Cet article a été coécrit avec Ilyes Saoudi, agrégé d’EPS et stagiaire au laboratoire SENS de l’Université Grenoble Alpes.

Dans l’exposé de la proposition de loi visant à renforcer la pratique sportive durant le cursus scolaire, enregistrée en février 2021 au Sénat, le sénateur Michel Savin avance que « l’Éducation physique et sportive (EPS) est trop souvent perçue comme une contrainte ». Cette affirmation sous-entend-elle que l’EPS serait une discipline mal-aimée ?

Puisque 57 % des élèves jugent le nombre d’heures d’EPS insuffisant, d’aucuns pourraient éluder la question. Quelques études soulignent que l’EPS constitue une des matières les plus appréciées par les élèves, tant à l’école primaire, qu’au collège et au lycée. En particulier, une étude menée aux États-Unis met en évidence que les meilleurs souvenirs des élèves en EPS sont souvent liés à la pratique d’activités sportives plaisantes ou encore au sentiment de compétence éprouvé suite aux progrès réalisés. Mais la situation est plus contrastée qu’elle n’y paraît.
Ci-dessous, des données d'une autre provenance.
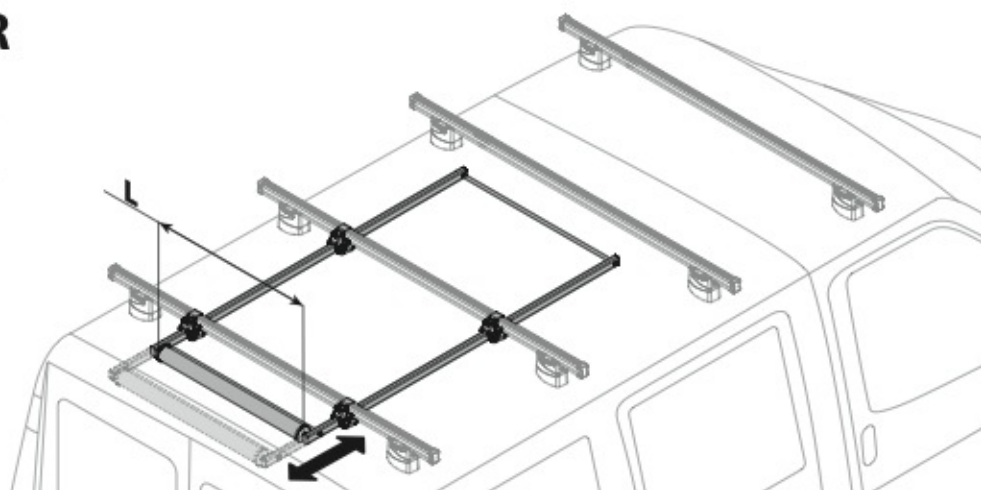

EXTENSION ROLLER

N11020

U-0

L = 64 cm

N11021

U-7

L = 96 cm

Acciaio
Steel

Alluminio
Aluminium

NORDDRIVE®
TRANSPORT SOLUTIONS

is a registered trade mark of
LAMPA S.p.A.
46019 Viadana (MN) ITALY
Ditta certificata UNI EN ISO 9001:2008
www.nordrive.it
www.lampa.it

91CA0357 r04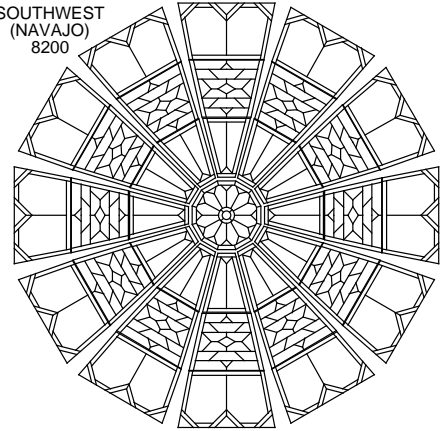

SupraDome™8 (93.5") 12-sided Designs for 8200 Frame Series

Sierra Stained Glass Studios, www.sierradomes.com

All designs copyrighted by Sierra Stained Glass Studios or Patterns...Your Way!

CASCADE
8200

RIBBONS
8200

SOUTHWEST
(NAVAJO)
8200

SAVOY
8200

BORDERED
TEXTURES
8200

WEB-3
8200

NOUVEAU
8200

SHELL
8200

SCALLOP
8200

LOTUS
8200

Selon certains travaux scientifiques, si le cours d’EPS peut enchanter la journée d’un élève, il peut aussi devenir le cauchemar hebdomadaire d’autres. En effet, les pires souvenirs des élèves en EPS sont souvent liés à un sentiment de gêne éprouvé dans la pratique physique, un manque d’intérêt pour les activités proposées, ou encore à la difficile mise en image de son corps.

Images du corps

Plus particulièrement, les filles semblent plus nombreuses que les garçons à exprimer un avis critique vis-à-vis de l’EPS et y éprouvent moins d’intérêt. Il en découle un engagement moindre dans les séances d’EPS et un taux de dispense au baccalauréat toujours deux fois supérieur à celui des garçons.

Ce malaise peut en partie s’expliquer par les stéréotypes pro-masculins souvent véhiculés par les activités sportives pratiquées en EPS. Il peut aussi résulter de l’appréhension liée au regard de l’autre sur son apparence physique, crainte plus souvent ressentie par les filles et particulièrement susceptible d’être activée par la mise en jeu des corps. Ce même mécanisme pourrait aussi expliquer pourquoi les souvenirs d’EPS de certains élèves obèses peuvent se révéler particulièrement négatifs en EPS, notamment en natation où le corps est à la vue de tous.

Une option sport-santé contre le décrochage en EPS (France 3 Hauts-de-France, 2019).


Par ailleurs, au cours de la scolarité, on observe une progressive diminution du plaisir perçue chez les élèves en EPS. Avec l’âge, les élèves semblent de plus en plus s’engager dans cette discipline pour répondre à des pressions externes (comme les notes) ou internes (par exemple, éviter un sentiment de culpabilité), au détriment de motivations plus intrinsèques (tels le plaisir ou l’importance liés à la pratique).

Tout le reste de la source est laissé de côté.